About this task
Using the records that appear below, write out exactly the lines from the one with "- Motorized Lift" through the one with "Fast Shipping", keeping both end lines.

(Given data Opens)

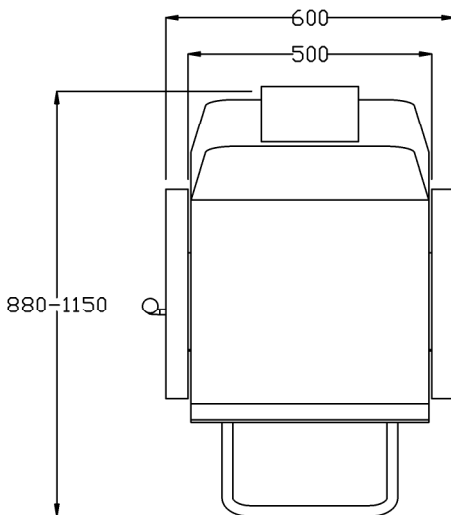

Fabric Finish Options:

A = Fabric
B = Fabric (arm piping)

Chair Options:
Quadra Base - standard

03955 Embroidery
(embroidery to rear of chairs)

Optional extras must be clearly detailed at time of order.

(Given data Closes)
(Given data Opens)

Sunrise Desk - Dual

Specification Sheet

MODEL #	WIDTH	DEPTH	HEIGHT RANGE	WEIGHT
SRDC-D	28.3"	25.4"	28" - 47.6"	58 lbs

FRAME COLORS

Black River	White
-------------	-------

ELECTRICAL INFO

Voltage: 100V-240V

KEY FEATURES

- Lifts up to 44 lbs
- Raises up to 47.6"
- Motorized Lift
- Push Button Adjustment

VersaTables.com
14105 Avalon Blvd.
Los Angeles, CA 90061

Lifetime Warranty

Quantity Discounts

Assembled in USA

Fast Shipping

(Given data Closes)
(Given data Opens)

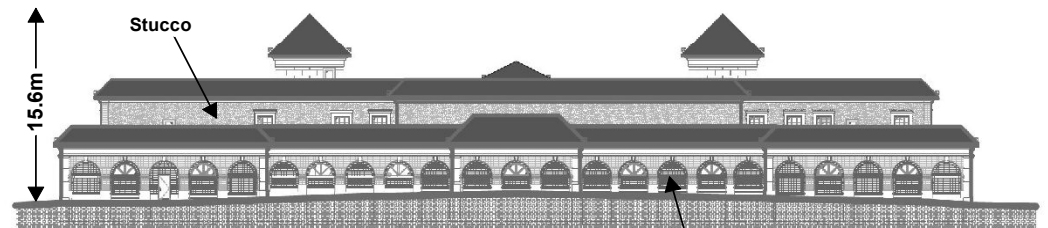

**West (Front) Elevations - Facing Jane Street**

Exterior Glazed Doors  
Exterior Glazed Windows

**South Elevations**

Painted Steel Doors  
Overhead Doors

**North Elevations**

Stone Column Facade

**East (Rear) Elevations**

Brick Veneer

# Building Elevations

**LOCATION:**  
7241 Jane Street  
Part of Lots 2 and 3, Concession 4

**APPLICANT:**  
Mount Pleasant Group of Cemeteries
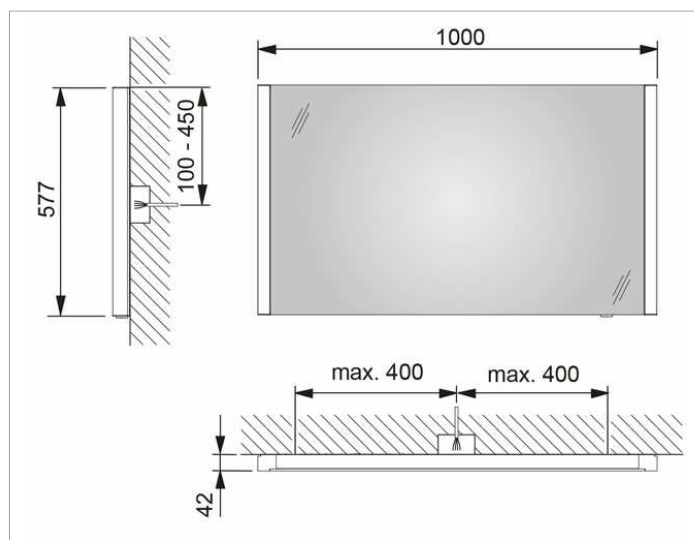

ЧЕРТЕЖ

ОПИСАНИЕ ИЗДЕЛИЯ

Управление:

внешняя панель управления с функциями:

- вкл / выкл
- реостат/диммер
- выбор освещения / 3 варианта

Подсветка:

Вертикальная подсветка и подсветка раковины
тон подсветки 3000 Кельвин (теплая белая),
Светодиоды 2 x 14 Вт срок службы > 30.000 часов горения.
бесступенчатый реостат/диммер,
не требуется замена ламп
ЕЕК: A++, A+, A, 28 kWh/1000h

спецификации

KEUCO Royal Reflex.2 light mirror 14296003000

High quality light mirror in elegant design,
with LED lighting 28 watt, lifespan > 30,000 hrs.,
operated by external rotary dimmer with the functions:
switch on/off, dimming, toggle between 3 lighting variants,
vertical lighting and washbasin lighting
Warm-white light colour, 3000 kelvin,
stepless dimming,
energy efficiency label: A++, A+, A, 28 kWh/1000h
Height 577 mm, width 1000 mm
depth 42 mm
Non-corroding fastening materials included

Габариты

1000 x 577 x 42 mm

(Given data Closes)

Solution below
- Motorized Lift
- Push Button Adjustment

VersaTables.com
14105 Avalon Blvd.
Los Angeles, CA 90061

Lifetime Warranty

Quantity Discounts

Assembled in USA

Fast Shipping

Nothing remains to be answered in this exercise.